Typed Architecture: Architectural Support for Lightweight Scripting
Biography
Jae W. Lee is an associate professor in the Department of Computer Science and Engineering at Seoul National University (SNU), Korea. His research areas include computer architecture, compilers, and parallel computing, and he has co-authored more than 50 research papers in these areas. His work has been recognized with two test-of-time awards (IEEE VLSI Symposium 2017, ACM ASPLOS 2014), and several top/highlights papers (ACM ASPLOS 2017, IEEE PACT 2010, IEEE/ACM MICRO 2010). Before joining SNU, he was an assistant professor of Semiconductor Systems Engineering at Sungkyunkwan University (SKKU), Korea.

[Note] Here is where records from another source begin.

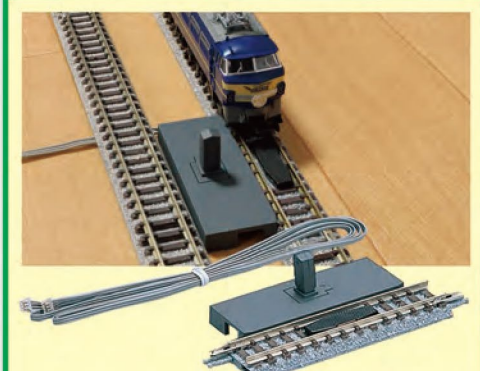

■ TCS自動踏切II (5569) ¥15,000(税抜)

■ TCS5灯式信号機(F) (5560) ¥4,400(税抜)

場面に合わせて
豊富にラインナップ

信号機 列車が通過すると自動で色灯が変わる!

列車の走行に合わせて色灯が変わるリアルな信号機です。単独で作動するので、好きな場所へいくつでも自由に設置できます。

さまざまな灯数の信号機をラインナップ!

センサー 自動踏切、自動運転ユニットと組み合わせて自動制御を実現

■ TCSセンサーレールS70(F) (2本セット) (5559) ¥3,600(税抜)

自動踏切や自動運転ユニットを使用する際に必要となるセンサーで、列車の検知を行います。カーブ区間にはワンタッチ装着センサーを使用します。

設置条件に合わせて豊富にラインナップ

■ TCSワンタッチ装着センサー (5558) ¥1,300(税抜)

■ TCSワイドレール・スラブレール用センサー (5567) ¥1,300(税抜)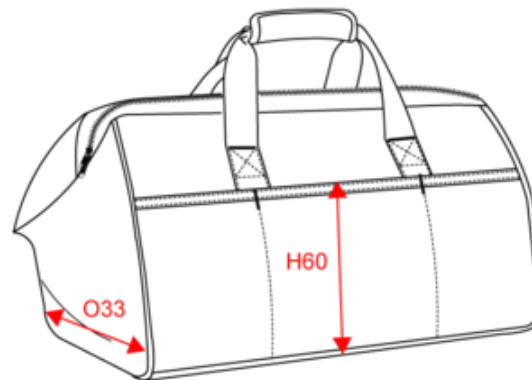

Tableau équivalence des tailles par pays en dernière page.

Certifications

Informations Complémentaires

Logistique

Pays d'origine

Code douanier

Dimensions (cm)

Mesures en cm	One Size
H05 (M) - Hauteur totale	30.50
H60 - Bottom panel height	19.00
L27 - Handles length	43.00
O33 - Profondeur bas	27.00
W51 - Largeur totale	47.50

1

15

Sizes	Width (cm)	Height (cm)	Length (cm)	Net weight (kg)	Gross weight (kg)	Pieces/Box	Pieces/Bundle
One Size	32	41	56	13.2	14.2	15	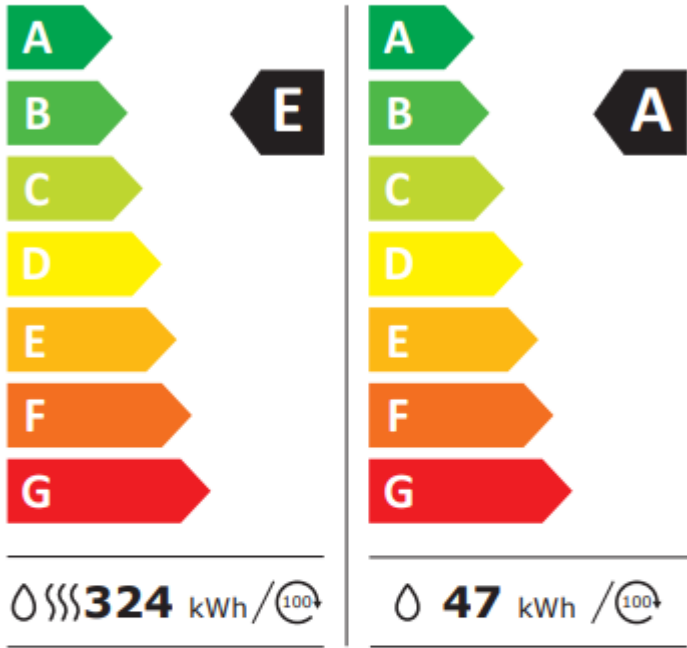

Neff V8340X0GB

Neff V8340X0GB

5.0 kg  8.0 kg

80 L  48 L

9:20  3:38

5.0 kg  8.0 kg

80 L  48 L

9:20  3:38

  
A**B**CDEFG

  
68dB  
A**B**CD

2019/2014

  
A**B**CDEFG

  
68dB  
A**B**CD

2019/2014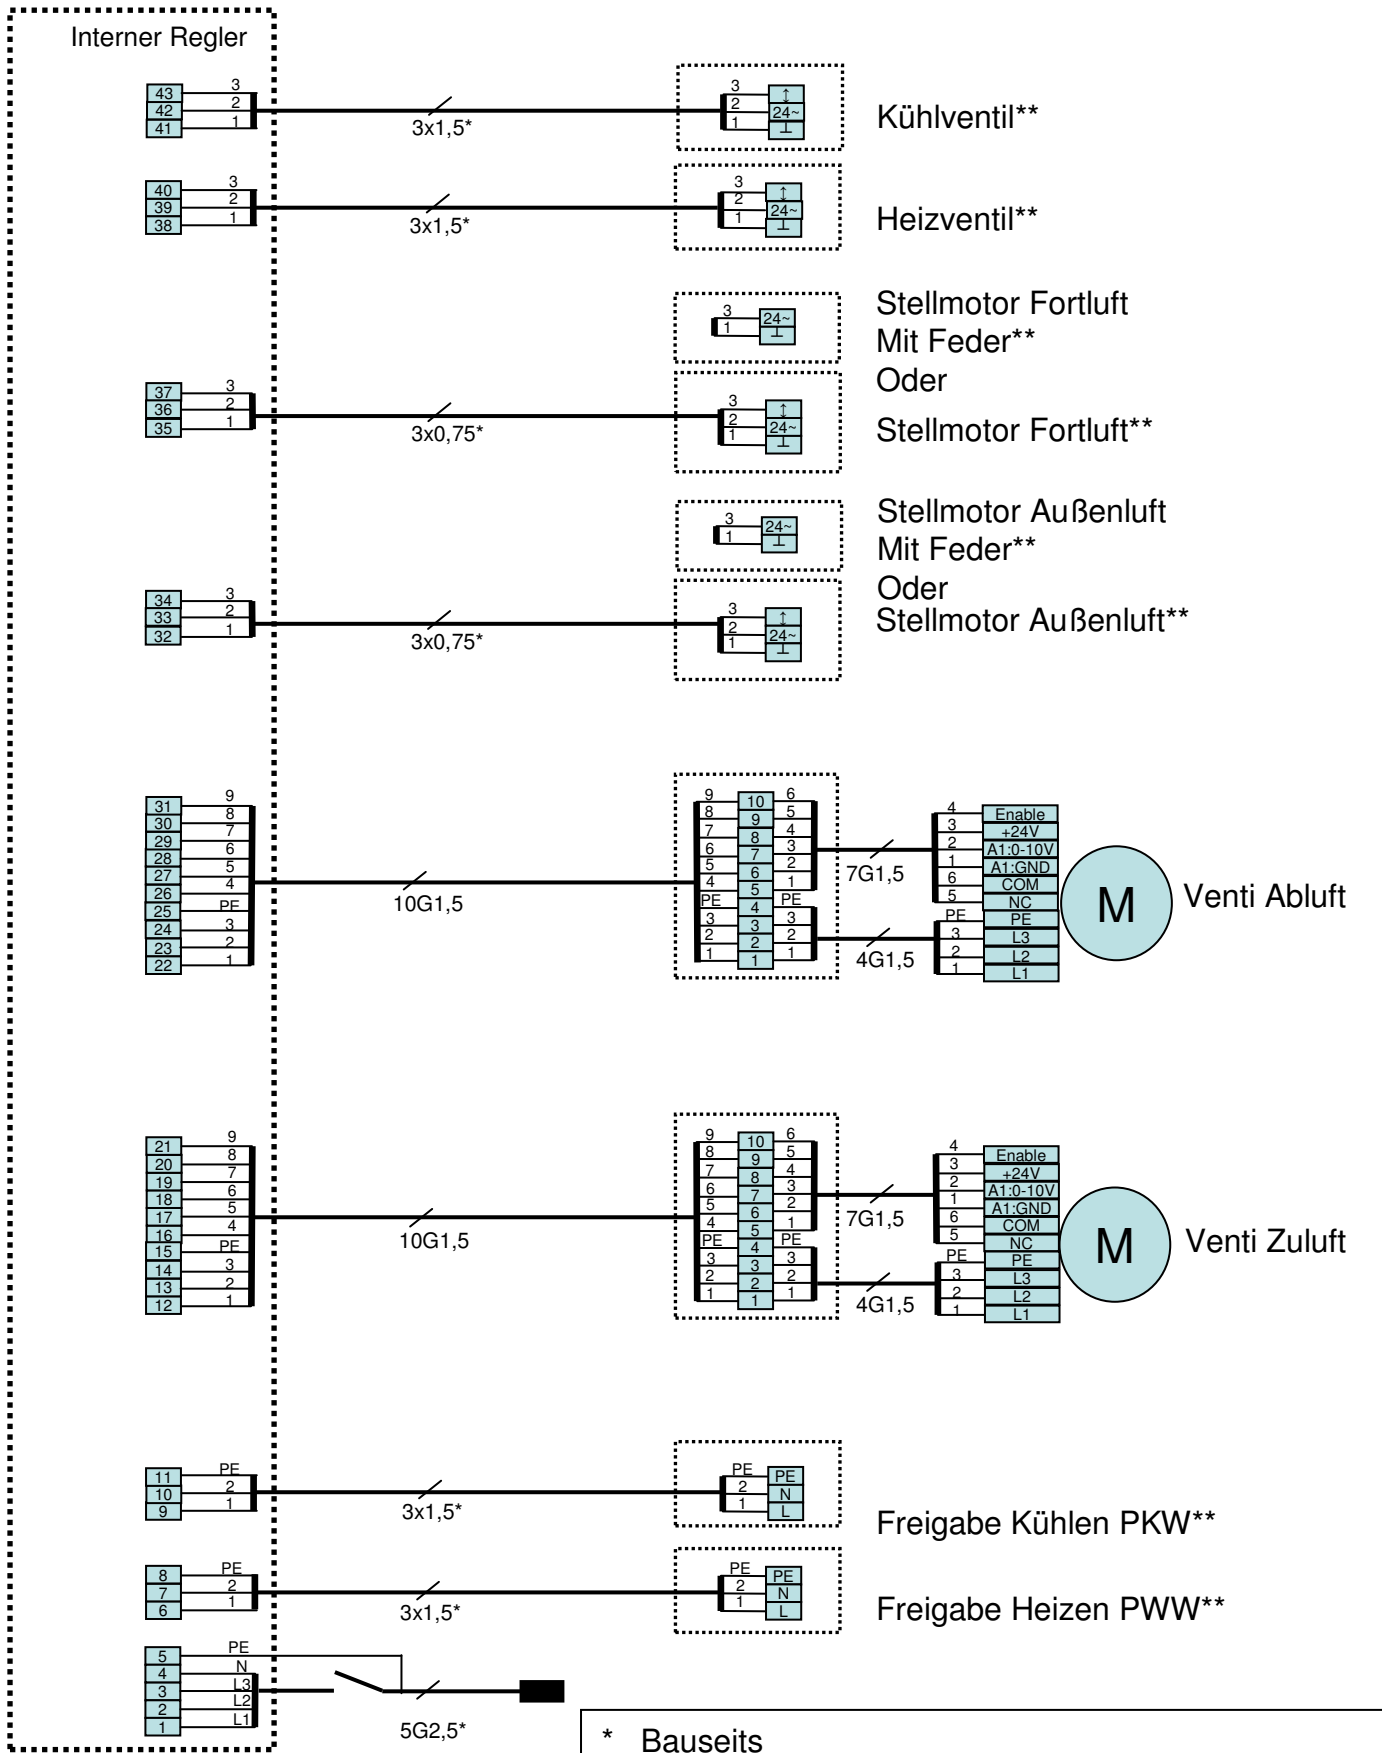

SupraBox 2000 V1.06

SupraBox 2000 V1.06

- * Bauseits
- ** Bei zusätzlichem Gerätezubehör benötigt / geliefert
- *** Als Reglerzubehör lieferbar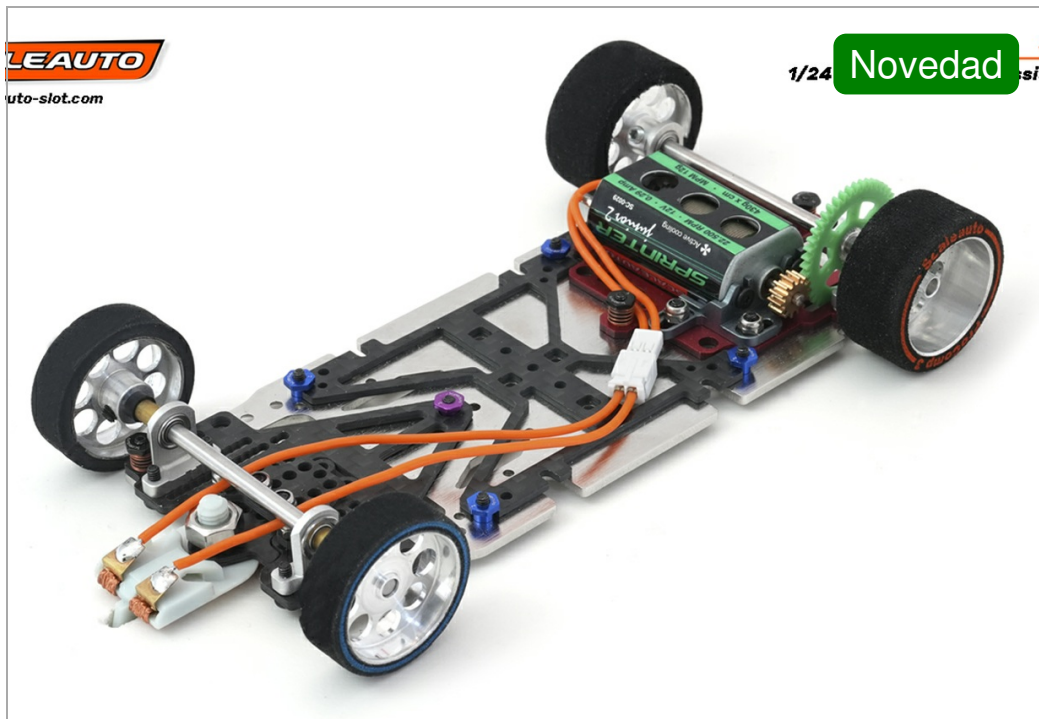

Chasis Sport M L-Can 1/24. RC3 configuration. Complete RTR

SC-8200B3

Unidades por pack: **Unit**

1/24

Precio: 159,95 €

Descripción

Chasis Sport M L-Can 1/24. RC3 configuration. Complete RTR

Formas de envío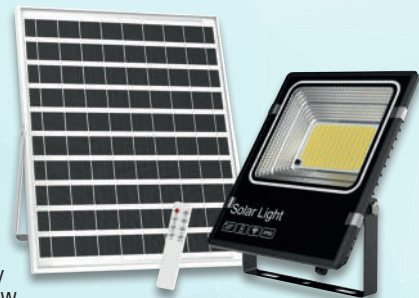

LUXULA Solar LED-Fluter

Tauchen Sie Ihren Außenbereich in helles Licht. **Technische Daten:** // Eingebauter Akku: 5 Ah, 3,2 V // Leistung Fluter: 6 W, Panel: 6 W // Lichtstrom: 700 lm // Farbtemperatur: 6500 K (kaltweiß) // Schutzart: IP66 // Ladezeit: 4...6 Stunden // Maße Fluter: 205x170x42 mm // Maße Panel: 270x180x17 mm.

38-539 246 **UVP* € 39,95 € 22,95**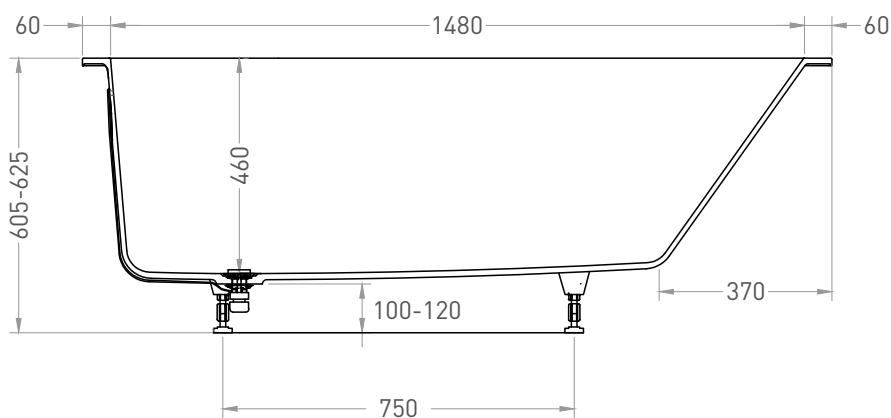

ORNELLA KIT 160x70

ВАННА ВСТРАИВАЕМАЯ 102416G / 102416M

Дизайн: Salini SRL

salini
L'ANIMA DELL'ACQUA

Размеры: 1600 x 700 x 605 / 625 мм

Вес нетто / брутто: 78,8 / 130,46 кг

Объем до перелива: 226 л

Глубина до перелива: 390 мм

Материал: S-Sense

Покрытие: глянцевое / матовое

Цвет: RAL / белый

Комплектация: интегрированный слив-перелив, сифон, донный клапан Click-Clack в цвет изделия с логотипом Salini, регулируемые ножки до 2 см

Требуемый смеситель: настенный / напольный

Гарантия: 10 лет

Производство: Италия / Россия

Salini SRL

20122 Italia, Milano, Largo Ildefonso Schuster, 1

info@salini-srl.com

www.salini-srl.com

© Salini SRL - All rights reserved

Все права защищены. Несанкционированное копирование, публикация, полное или частичное воспроизведение запрещены.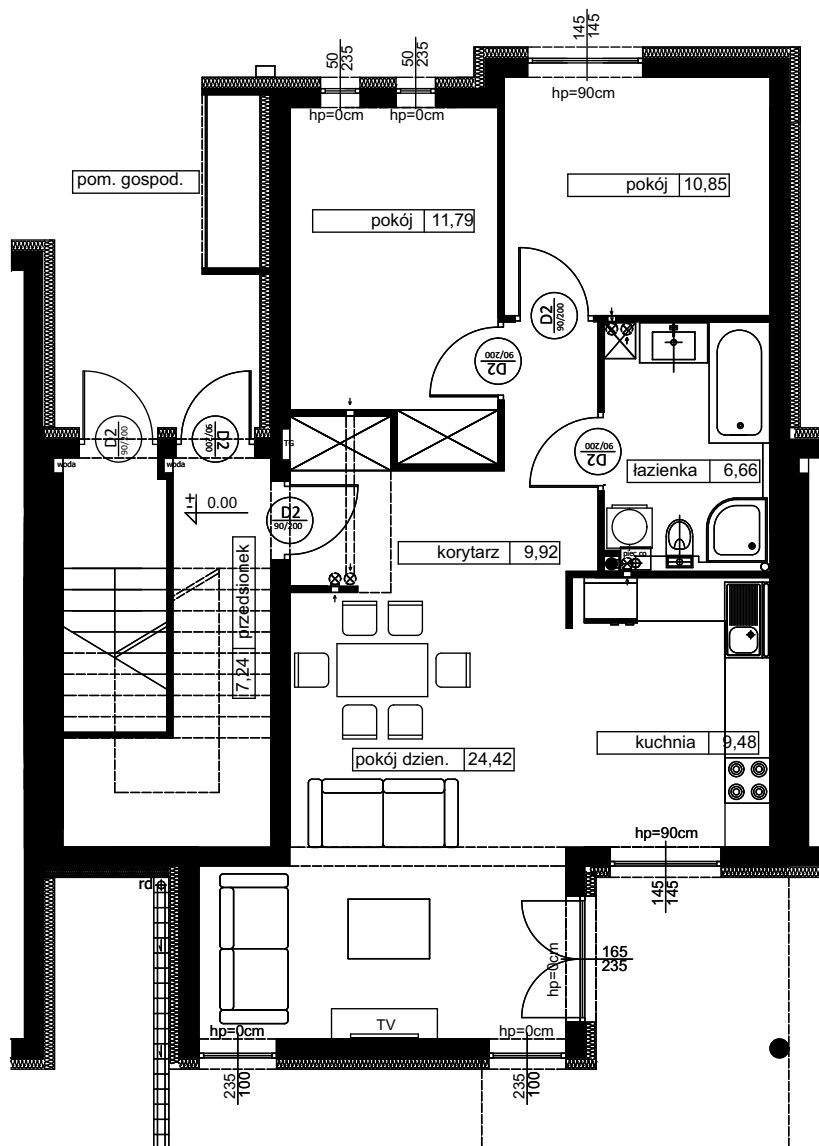

# RUMIA, ul. Rajska 11

11,79	pokój
10,85	pokój
24,42	pokój dzien.
9,92	korytarz
6,66	łazienka
9,48	kuchnia
7,24	przedsiónek

RAZEM: 80,36 m<sup>2</sup>

## Lokal mieszkalny nr 11I/1

3 pokoje, powierzchnia 80,36 m<sup>2</sup>

PARTER

Prior to that, he was a research associate at Princeton University, and a researcher and engineer at Parakinetics, Inc. (Princeton, NJ), where he conducted research on multicore software optimization. He received his M.S. degree in Electrical Engineering from Stanford University and Ph.D. degree in Computer Science from MIT.
Abstract
Dynamic scripting languages are becoming more and more widely adopted not only for fast prototyping but also for developing production-grade applications. They provide high-productivity programming environments featuring high levels of abstraction with powerful built-in functions, automatic memory management, object-oriented programming paradigm and dynamic typing. However, their flexible, dynamic type systems easily become the source of inefficiency in terms of instruction count, memory footprint, and energy consumption. Besides, the bytecode dispatch loop incurs significant performance cost due to redundant computation and hard-to-predict indirect jumps. This overhead makes it challenging to deploy these high-productivity programming technologies for production, especially on emerging single-board computers for IoT applications. In this talk I will present Typed Architecture, a high-efficiency, low-cost execution substrate for dynamic scripting languages, where each data variable retains high-level type information at an ISA level. Typed Architecture calculates and checks the dynamic type of each variable implicitly in hardware, rather than explicitly in software, hence significantly reducing instruction count for dynamic type checking. To reduce the recurring cost of bytecode dispatch, I also introduce Short-Circuit Dispatch (SCD), an architectural extension that enables fast, hardware-based bytecode dispatch with fewer instructions. Our evaluation using a fully synthesizable RISC-VRTL design on FPGA demonstrates that Typed Architecture augmented with SCD achieves geomean speedups of 24.3% and 19.8% with maximum speedups of 65.0% and 63.5% for two production-grade scripting engines for Lua and JavaScript, respectively.